Bitten Season 2 premieres April 17th in the U.S.
Do not read unless you have read Bitten and seen the first season of the show.
I do want to say ahead of time that I love this series. The comments below are just me analyzing something l enjoyed. Having a discussion about book is wonderful, comparing a book with a tv series is perfection.
Obviously, the person who dies is different in the books than it is in the show, but there was still an opportunity missed for the scene where Elena breaks-down on her pack-mate’s (Logan in the book) grave. In the book, I felt like this scene was a turning point for Elena, or at least for how we see her. We realized then that she is not as indifferent towards her pack as she tries to seem.
She was in such raw pain and I found it powerful that Clay had to be restrained just to get him to stay back from her. He couldn’t stand hearing her be in so much pain. It’s just another example of how deep and true Clay’s are feelings for Elena. The only reasons I can think of that they did not add this scene in the show are time constraints and the fact that it is much harder to show intense emotion on-screen than it is to show it in print.
This served so many different purposes for me. I really can’t think of a reason that they chose not to decorate Elena’s room the way it was described in the books. It shows how deeply Jeremy cares for Elena and adds some comedic relief by demonstrating how little any of the pack know about women.
It also grants us a bit of insight into Elena’s respect and love for Jeremy. She pretends to like it, or at least doesn’t say that she dislikes it, because she cares for Jeremy and appreciates that he has given her a real home for the first time in her life.

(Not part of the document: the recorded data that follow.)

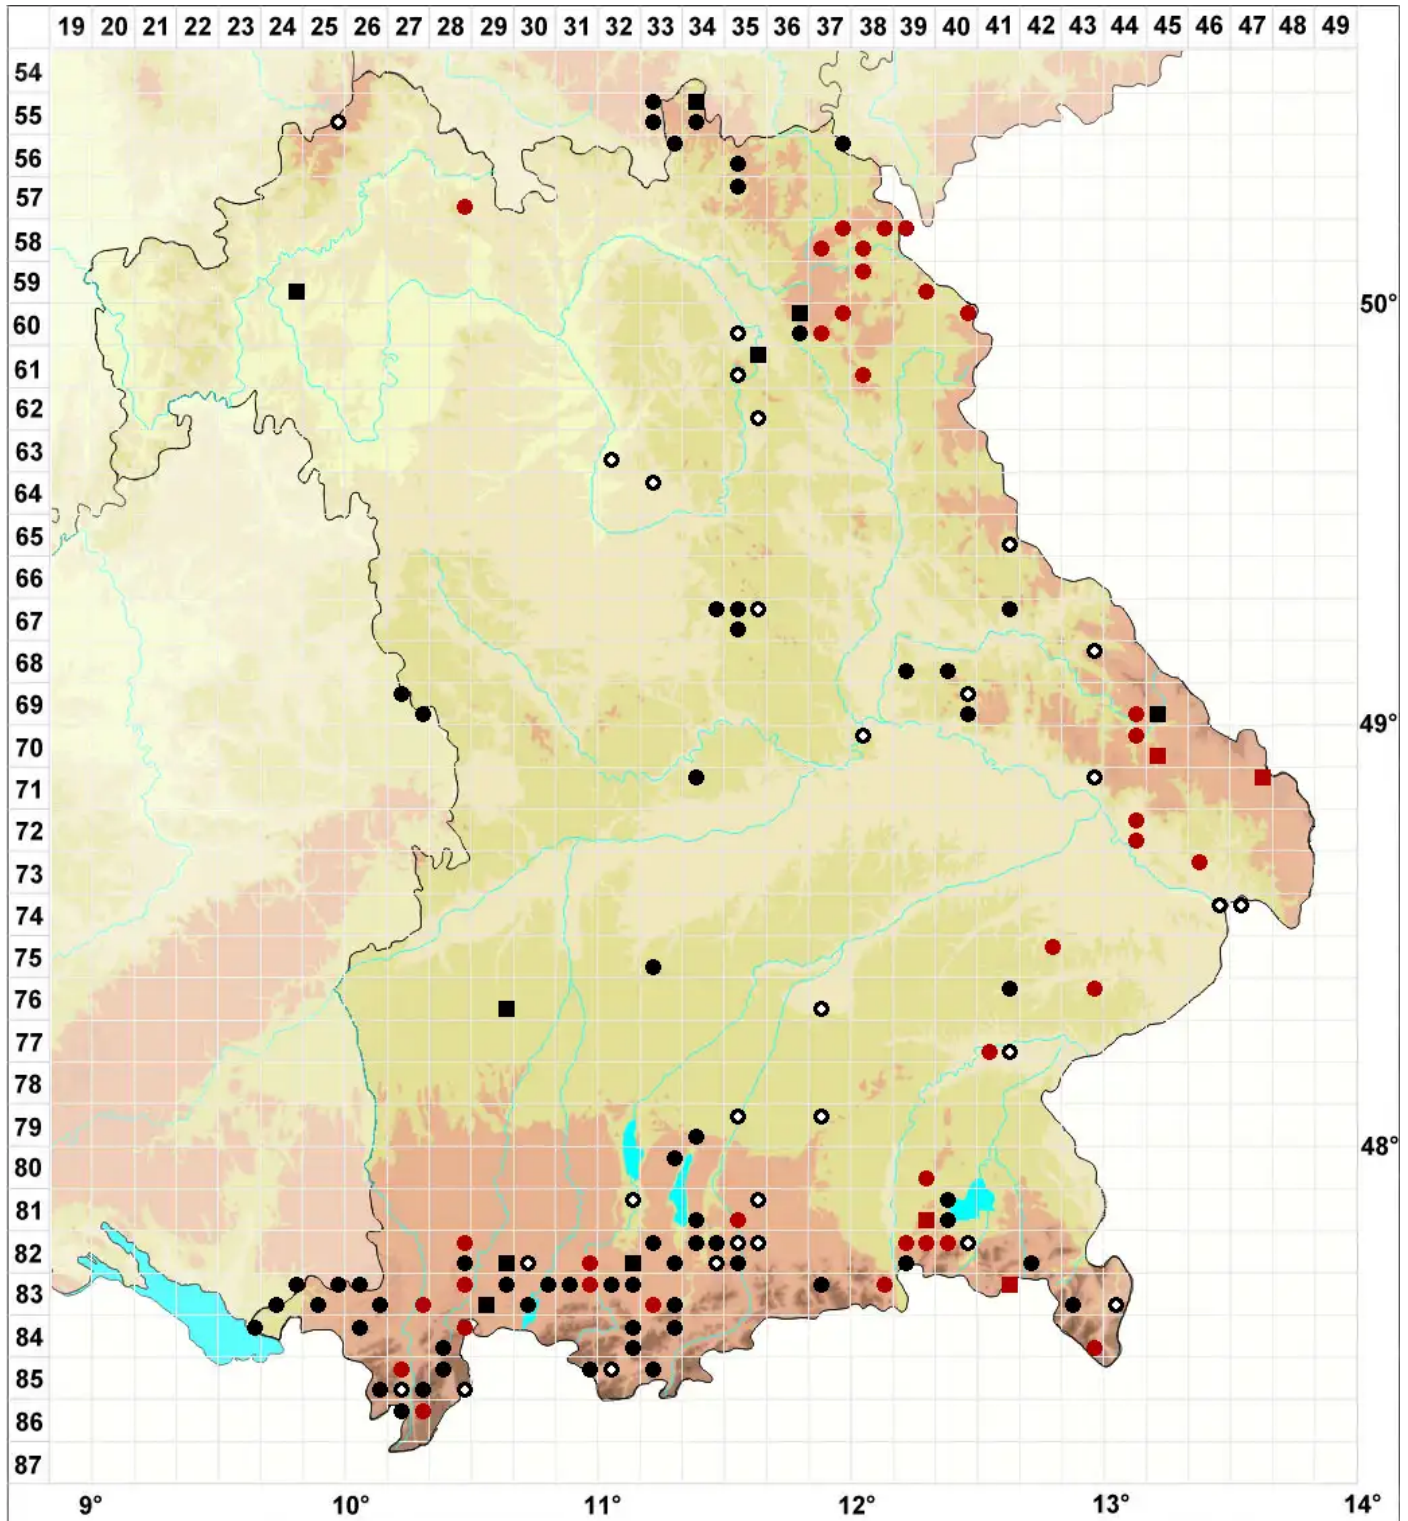

Breidleria pratensis (W.D.J.Koch ex Spruce) Loeske

Breidlers Wiesenschlafmoos, Wiesen-Breidlermoos

Legende:

Symbole:

Ausgefülltes Symbol:
Zeitraum von 1980 bis heute (Aktuelle Angabe)

Leeres Symbol:
Zeitraum vor 1980 (Altangabe)

Quadrat: Herbarbeleg
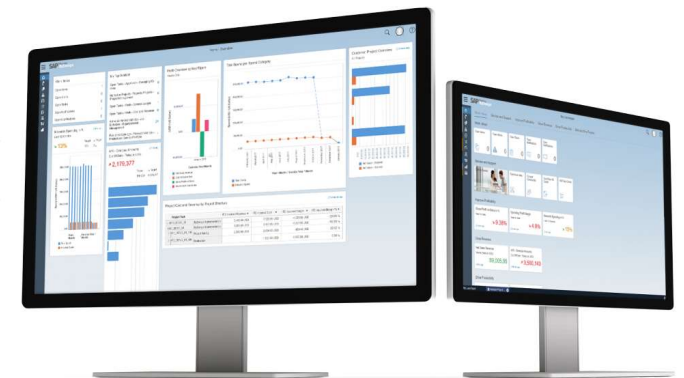

SAP Business ByDesign – Überblick

Ihre Vorteile auf einen Blick

Leistungsstarke Analysen über alle Geschäftsbereiche ermöglichen verlässliche Entscheidungen

Volle Transparenz, denn alle Informationen sind in **Echtzeit** verfügbar in einer Lösung

Eine **agile Cloud Suite** die einfach **mitwächst**, Ihnen Wettbewerbsvorteile verschafft – mehr als nur ERP!

Einfach zu nutzen und **schnell** zu implementieren in 3 Monaten; automatisierte Prozesse

Mobile – Arbeiten von überall, jederzeit
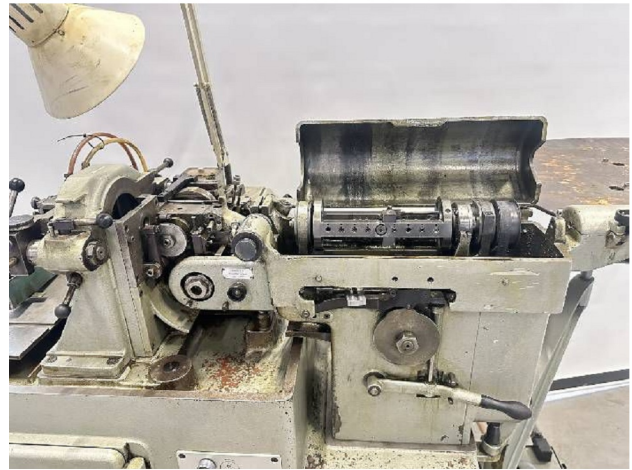

Maschine

Inventar N° **17041**
Beschreibung Drehautomat

Fabrikat **ESCOMATIC**
Model **D2**
Serien N° **3341**
Baujahr **N/A**

Zubehöre

Ohne

Bilde

HD Fotos und Videos auf Anfrage.

Technische Spezifikationen (Abmessungen, Gewichtsangaben, usw.) und Abbildungen unverbindlich. Änderungen vorbehalten.

Inventar N° **17041**

HD Fotos und Videos auf Anfrage.
Technische Spezifikationen (Abmessungen, Gewichtsangaben, usw.) und Abbildungen unverbindlich. Änderungen vorbehalten.
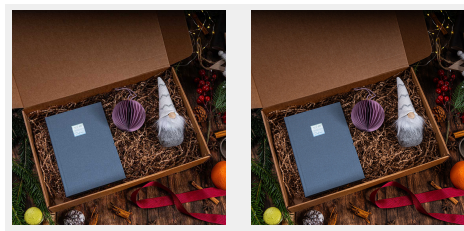

Gift Box TINSEL

Cod: pc-gbt-2375

CE INCLUDE

- Agenda Tex, blue
- Accesoriu decorativ gnom
- Ornament hartie pentru brad, mov
- Cutie cadou kraft nature, 40x25x7.5 cm

Alt cos cu mancare si bautura primit/ofert cadou de Craciun? Nu si anul acesta. Nu si atunci cand poti alege, intr-un buget extra friendly :), un set superb, practic si timeless, pe care-l mai si poti personaliza FIX dupa nevoile brand-ului tau: de la logo pe agenda, la mesaj pe cutie, la culoarea funditei cu care este inchisa cutia, la n posibilitati nelimitate. * Pozele sunt cu titlu de prezentare.
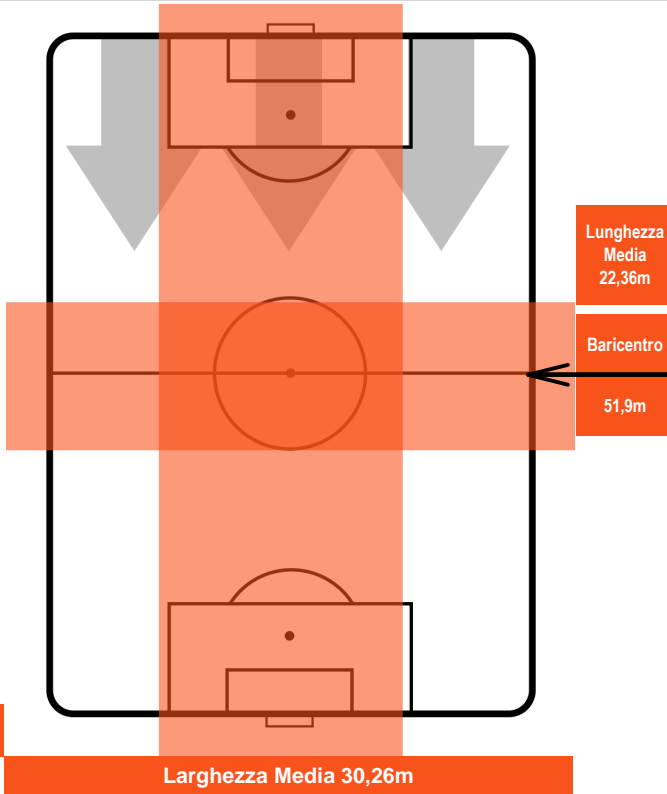

CAG 1

2 MIL

MILAN

POSIZIONI MEDIE POSSESSO PALLA (avversario)

- Legenda:**
- 1ª Sostituzione ● Giocatore Entrato ● Giocatore Uscito
 - 2ª Sostituzione ● Giocatore Entrato ● Giocatore Uscito ■ Giocatore Entrato in sostituzione di ●
 - 3ª Sostituzione ● Giocatore Entrato ● Giocatore Uscito ■ Giocatore Entrato in sostituzione di ●

CAGLIARI

CAG 1

2 MIL

MILAN

BARICENTRO

BILANCIAMENTO OFFENSIVO

CAGLIARI

CAG 1

NICOLO' BARELLA		18
CAGLIARI		CAG
Ruolo:	Centrocampista	
Altezza:	1,72m	
Peso:	68 Kg	
Data Nascita:	07/02/1997	
Nazionalità:	ITA	
Jog 22% - Run 71% - Sprint 7%		Km 10.73
2.377	7.648	0.705
Statistiche		
Gol	1	
Occasioni da gol	1	
Totale tiri	1	
Tiri in porta (Gol)	1(1)	
Azioni attacco	4	
Palle recuperate	5	
Falli subiti	1	
Minuti giocati	91'	
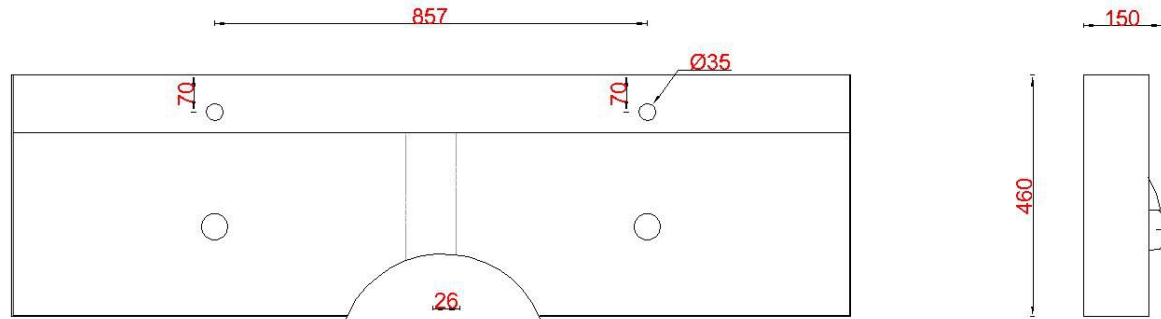

Wastafelblad

1*

WK 825 CSL+R + WM 1602 CTT2

2*

WK 800 CSL+R + WM 1602 CTT2

WK 802 CSL+R + WM 1602 CTT2

WK 805 CSL+R + WM 1602 CTT2

WK 865 CSL+R + WM 1602 CTT2

WK 866 CSL+R + WM 1602 CTT2

LET OP: Controleer maten altijd in het werk met uw bestelde artikel. (meten is weten)

ACHTUNG: Prüfen Sie stets die Dimensionen in der Arbeit mit den bestellte Ware.
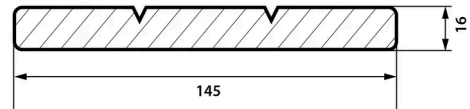

FelixWood

PLANK - BANGKIRAI 16X145MM - P520

- Bangkirai tropisch hardhout
- Duurzaamheidsklasse 2
- Mooi profiel, v-groeven (P520)
- Geschikt voor constructief gebruik
- Kunstmatig gedroogd

Geelbruin

Een duurzame houtsoort met een fijn geprofileerd profiel

Logistieke gegevens

ART.	EAN CODE	OMSCHRIJVING	GEWICHT (KG)	BUNDEL 1	BUNDEL 2
1469-180	8719323997776	Bangkirai 16x145mm x 180cm p520	3.89	168	56
1469-244	8719323997790	Bangkirai 16x145mm x 244cm p520	5.27	168	56
1469-274	8719323997806	Bangkirai plank 16x145mm x 274cm p520	5.92	168	56
1469-305	8719323997813	Bangkirai plank 16x145mm x 305cm p520	6.59	168	56
1469-335	8720365374821	Bangkirai 16x145mm x 335cm p520	7.23	168	56
1469-396	8719323997844	Bangkirai plank 16x145mm x 396cm p520	8.55	168	56
1469-427	8719323997851	Bangkirai plank 16x145mm x 427cm p520	9.22	168	56
1469-457	8719323997868	Bangkirai plank 16x145mm x 457cm p520	9.87	168	56
1469-488	8719323997875	Bangkirai plank 16x145mm x 488cm p520	10.53	168	56
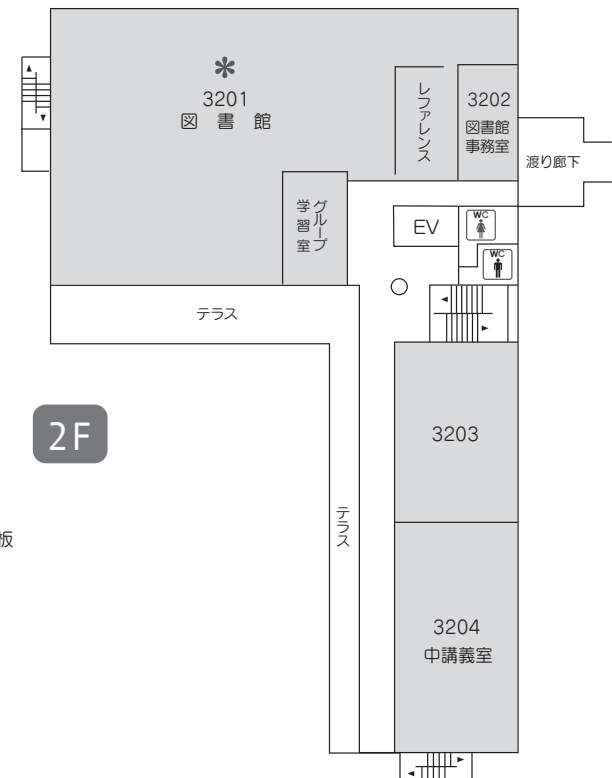

学内配置図

* ハラスメント相談箱設置場所… 131・第1学生ホール・第2学生ホール・631・図書館

* 学生提案箱設置場所…………… 学生ラウンジ・第2学生ホール・図書館

1号館

2F	
①	高元(研究室)
②	鶴(研究室)
③	矢ヶ部(研究室)

1F	
①	金丸(研究室)
②	大村(研究室)
③	清水(研究室)

2号館

カフェ・レストラン・ピナス

- 01
- 02
- 03
- 04
- 05

学内配置図

3号館(あすなろ館)

5号館

5F

4F

3F

2F

1F

5F	
①	本部長室
②	(研究室)
③	武富(研究室)
④	村岡(研究室)
⑤	吉村(研究室)
⑥	馬場(研究室)
⑦	立川(研究室)
⑧	福元(研究室)
⑨	中島(研究室)
⑩	竹森(研究室)
⑪	松本麻(研究室)
⑫	中園(研究室)
⑬	(研究室)
⑭	安藤(研究室)
⑮	岡嶋(研究室)
⑯	(研究室)
⑰	(研究室)
⑱	春原(研究室)
⑳	川邊(研究室)
㉑	西村(研究室)
㉒	赤川(研究室)
㉓	利光(研究室)
㉔	横田(研究室)
㉕	日野(研究室)
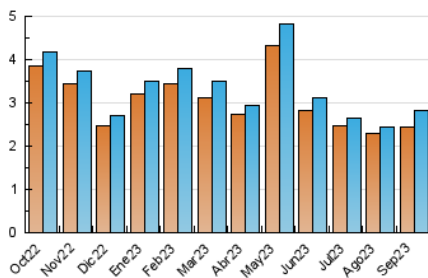

##### 4.2 Per franja horària (promig)

Visites\_ (x 1000)

Pàgines (x 1000)

##### 4.3 Per mesos

N. únics / Visites (x 1000)

Pàgines (x 1000)
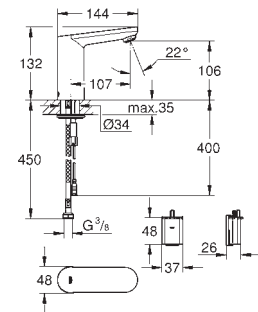

Eurosmart Cosmopolitan E
Grifo de lavabo 1/2"
Infrarrojo electrónico
Tamaño M

Con sensor infrarrojo para comunicación bidireccional para configuración, monitorización y mantenimiento.

Agua fría o agua premezclada

Batería de litio 6V. tipo CR-P2

Vida útil de la batería: aprox. 7 años (150 usos al día)

GROHE StarLight acabado cromado

GROHE EcoJoy mousseur 5,7 l/min

Flexo con conexiones flexibles

de 350 mm (45 704)

Filtros colectores de suciedad

con válvula solenoide integrada

Batería externa

Sistema de rápida instalación Quickfix

Indicador luminoso de cambio de pila

Con 7 pre programas

Descarga automática

Desinfección térmica

Modo limpieza

Funciones adicionales y ajustes precisos

con el mando adicional 36 407 001

Marca CE

Nivel de sonoridad I conforme DIN4109

Tipo de protección IP 59K

36 386 001

Cromo

739,00
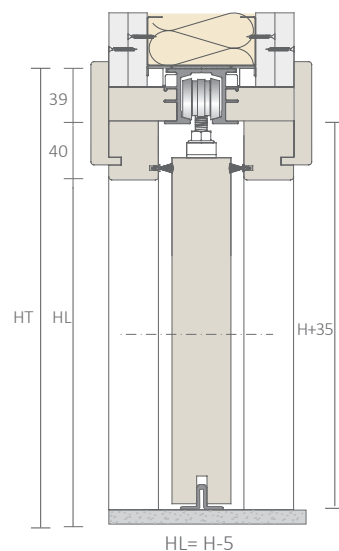

A espessura final da parede depende da quantidade de reboco aplicado e do revestimento final (ex.: azulejo).

PORTA DE MADEIRA PAREDE EM ALVENARIA

LEGENDA	
L - Largura encomenda	PL - Largura livre com aro
H - Altura encomenda	HL - Altura livre com aro
LT - Largura Total	LP - Largura da porta
HT - Altura Total	HP - Altura da porta

ESPESSURAS

TIPO DE PAREDE	INTERIOR DO CAIXILHO	EXTERIOR DO CAIXILHO	PAREDE ACABADA (min)*	ESPESSURA MÁX. DA PORTA
ALVENARIA	52	70	120	40
	72	90	140	55

PESO

MAXIMO POR PORTA	120 Kg
------------------	--------

CÁLCULO PARA PORTA

↑ ALTURA DA PORTA HP = H
↔ LARGURA DA PORTA LP = L (min.)

PORTA DE MADEIRA PAREDE EM GESSO CARTONADO

LEGENDA	
L - Largura encomenda	PL - Largura livre com aro
H - Altura encomenda	HL - Altura livre com aro
LT - Largura Total	LP - Largura da porta
HT - Altura Total	HP - Altura da porta
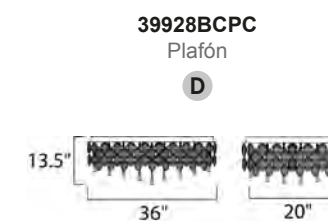

Colección JEWEL

·Dimeable

Colección JEWEL

Un diseño audaz formado por patrones ondulados de acero en acabado cromo pulido. Los sustanciosos cristales biselados brillan en la noche como estrellas.

CÓDIGO	DESCRIPCIÓN	TIPO DE FOCO	DIMENSIONES		NOTA
C	39926BCPC Pendant 19 Luces x 25W	Xenon / G9	Largo 28" x Ancho 11.5" x Alto 11"	Altura Máx. 132"	Peso: 29.7 lb
D	39928BCPC Plafón 23 Luces x 25W	Xenon / G9	Largo 36" x Ancho 20" x Alto 13.5"		Peso: 44 lb

ACABADO: Cromo Pulido y Cristal Biselado

INFORMACIÓN ADICIONAL: **C** Largo de Cable: 180"
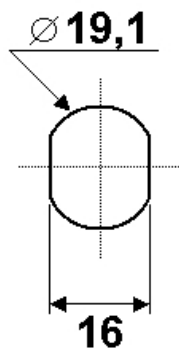

## 7042

<b>Schliessungen</b>	Max. 500	<b>E = Material max.</b>	18mm
<b>PP/Hauptschlüssel</b>	möglich	<b>L =</b>	25mm
<b>Oberfläche</b>	vernickelt		-
	-		-
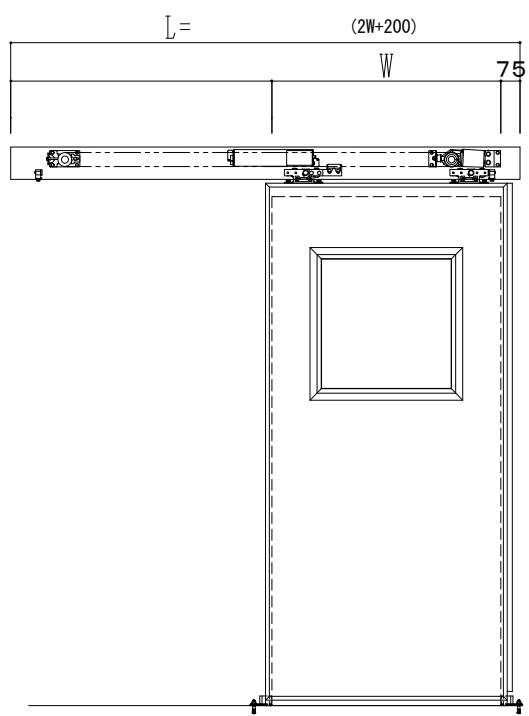

アルミ開口枠
アルミ縁枠

作図縮尺	
正面図	1 / 1
水平断面図	4 / 1
垂直断面図	4 / 1

SUNWIZZ	品名: スライドドア	型名: SSR40 (V2.0) - 片引自動-3方 上部 サター	SSR40-20KLN3A021-2201
---------	------------	-----------------------------------	-----------------------
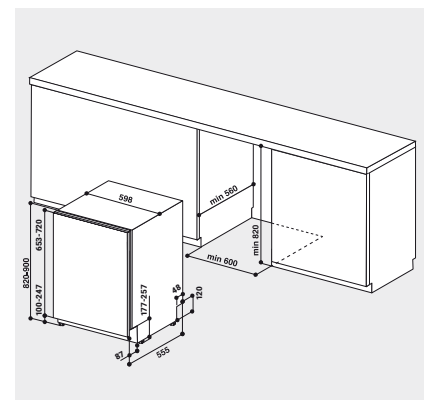

¹ Energieeffizienzklassen-Spektrum von A+++ bis D
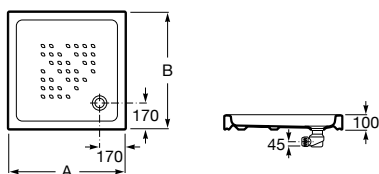

Lado no esmaltado →

Italia

Plato de ducha de porcelana.

Ref. 374771001 900 x 900 x 100 mm.

Ref. 374772001 800 x 800 x 100 mm.

Ref. 374773001 700 x 700 x 100 mm.

A	B
900	900
800	800
700	700

Italia

Plato de ducha de porcelana.

Ref. 37477A001 1200 x 800 x 100 mm.

Ref. 37477C001 1000 x 800 x 100 mm.

Ref. 37477B001 1200 x 700 x 100 mm.

Ref. 37477D001 1000 x 700 x 100 mm.

Ref. 374770001 900 x 720 x 100 mm.

A	B	C
1200	800	170
1000	800	170
1200	700	170
1000	700	170
900	720	155

Italia angular

Plato de ducha de porcelana.

Ref. 374774001 900 x 900 x 100 mm.

Ref. 374775001 800 x 800 x 100 mm.

Ref. 374776001 700 x 700 x 100 mm.

A	B	C	D	R
900	900	625	350	550
800	800	525	250	550
700	700	480	330	370

Ref. P0005900R Desagüe Ø65 para todos los platos de ducha Italia.

Roca Sanitario, S.A.

Avda. Diagonal, 513
08029 Barcelona - Spain
Telephone +34 93 366 1200
Fax +34 93 419 4501
www.roca.es
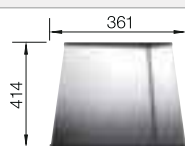

Escurreidor de acero inox.

223 067
€ 397,00
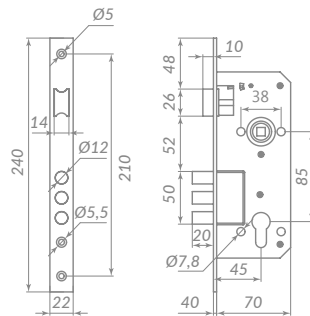

КИТ P90 4585/3 CRONA

41709

41723

SN МАТОВЫЙ НИКЕЛЬ

Материал: сталь
Тип дверей: любой тип
Способ установки: врезной
Тип защелки: реверсивная
Ключи: 5 шт.
Тип упаковки: коробка

КИТ P90 4585/3 ORION

41715

SN/CP МАТОВЫЙ НИКЕЛЬ/ХРОМ

Материал: сталь
Тип дверей: любой тип
Способ установки: врезной
Тип защелки: реверсивная
Ключи: 5 шт.
Тип упаковки: коробка

While there is a vague reference to a deer hunt in the show, we do not get the full experience. Of course, I understand why. It would be nearly impossible to film this, even with all of the CGI available. The most basic obstacle being:How would we know what they were thinking? So, I add this to my list knowing that they were right not to include it, but who said wish’s were rational?
I liked reading about them working as a pack of wolves rather than a group of humans acting more like family than anything else. They don’t even use human intelligence when they are hunting the deer. Nick steps back during the feed, showing us some of the pack hierarchy and the level of respect afforded to Clay and Elena.
Elena also gets affectionate with Clay (in wolf form) by cleaning his face. It was interesting to see what her instincts are about Clay, how she feels about him when human logic, fears, and mental self-preservation are out of the way.
They did include some elements of this scene in the “abandoned warehouse” scene on the show. Like the other blonde female getting shot, her panic triggering the change and Elena hiding under cars. I think that was supposed to satisfy us. Well, I don’t know about you, but I wanted more.
I loved that Elena was comforted by Clay while she was in wolf form. Nothing else was able to reach through her panic except for Clay. She can’t even calm herself down enough to change back or even apply basic human logic. That is, until Clay makes her feel safe enough to calm down. It’s also the first time Elena realizes that she is, in fact, a mere mortal in a dangerous world. Sure she can turn into a wolf, she is strong and has exceptional senses… but that does not make her immortal.
I saved the best for last. I wanted more of Clay in Toronto with Elena and Philip. It is essentially when her two worlds crash together. Slight cracks start to show in her mask. As a reader, this was when I knew for sure that Elena was not simply living in two worlds, where she was just a different version of herself in each. No, what Elena was doing was trying to be someone who she is not. Someone she thinks she is supposed to be in order to fit into society and be “normal”.
This also allows us understand her thinking when it comes to cheating on Philip. She really has segregated her two different lives, and by keeping them apart she is able to know who to be at any given time. It is not until Clay enters her “normal” world that Philip starts to see true aspects of her personality; the rough edges that she has been hiding.